EXERCISE AIM
Find where "QUICK SHIP PROGRAM" appears in the entries below. That line and all lines after it, through the last, are to be duplicated exactly, with nothing else.

AVAILABLE RECORDS
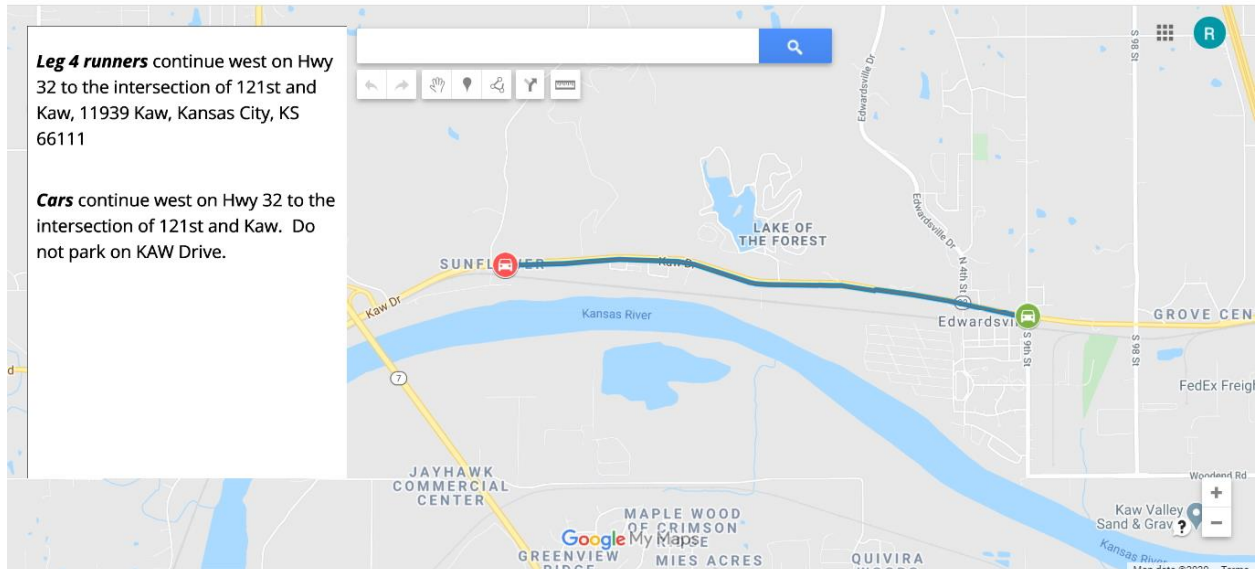

LEG 1: HyVee Arena to 1900 Kansas Ave. 3.95 Miles

Start on the West side of HyVee Arena, on American Royal Drive

LEG 2: 1900 Kansas Ave to Copart Auto is 4.82 miles

1900 Kansas Ave, Kansas City KS 66111

LEG 3: Copart Auto to ProTec Roofing Supply 5.63 miles

Copart Auto, 6211 Kansas Ave, Kansas City, KS 66111

LEG 4: ProTec Roofing Supply to 121st & Kaw Drive 2.42 miles ProTec Roofing Supply

LEG 5: 121st & Kaw Drive to ZIPKC, 121st & Kaw, 11939 Kaw, Kansas City, KS 66111

LEG 6: ZIPKC to 121st & Kaw Drive ZipKC, 12829 Lornng Rd, Bonner Springs KS, 66012.

LEG 7: 121st & Kaw Drive to ProTec Roofing Supply 2.42 miles 121st & Kaw, 11939 Kaw, Kansas City, KS 66111

LEG 8: ProTec Roofing Supply to Copart Auto 5.63 miles ProTec Roofing Supply, 108 S 9th st. Edwardsville KS 66111

LEG 9: Copart Auto to 1900 Kansas Ave is 4.82 miles Start at Copart Auto, 6211 Kansas Ave, Kansas City, KS 66111

LEG 10: 1900 Kansas Ave to HyVee Arena 3.95 miles. 1900 Kansas Ave, Kansas City KS 66111
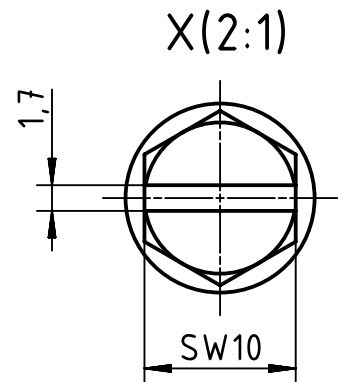

1 2 3 4 5 6

A
B
C
D

	All Dimensions in mm Original Size DIN A4		Scale 1:2	Free size tol.		Ref. Sub.	
		All rights reserved	Created by SPRENB	Inspected by GERB	Standardisation 302077	Date 2020-12-09	State Final Release
Department EL PD		Title Han 24 HPR Hood Side Entry PG 36 Toggle					Doc-Key / ECM-Nr. 100172260/UGD/004/C 500000183544
HARTING D-32339 Espelkamp		Type TB	Number 09 40 024 0504			Rev. C	Page 1/1
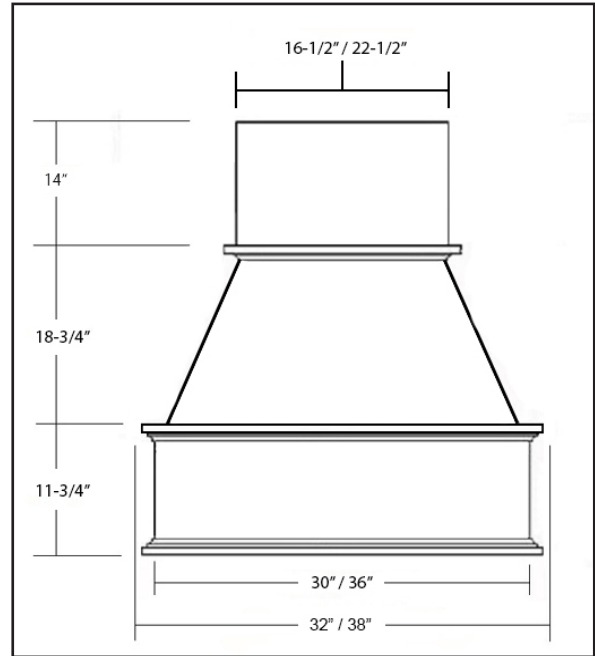

Castlewood®

QUICK SHIP PROGRAM

All products in the Castlewood Quick Program ship within 2 days from stock. Chimney Hoods are made from Hardwood Lumber and MDF. All units are already primed and ready to finish. The Shiplap Chimney Hood will be available both RTA and fully assembled.

WRITTEN RESPONSE
QUICK SHIP PROGRAM

All products in the Castlewood Quick Program ship within 2 days from stock. Chimney Hoods are made from Hardwood Lumber and MDF. All units are already primed and ready to finish. The Shiplap Chimney Hood will be available both RTA and fully assembled.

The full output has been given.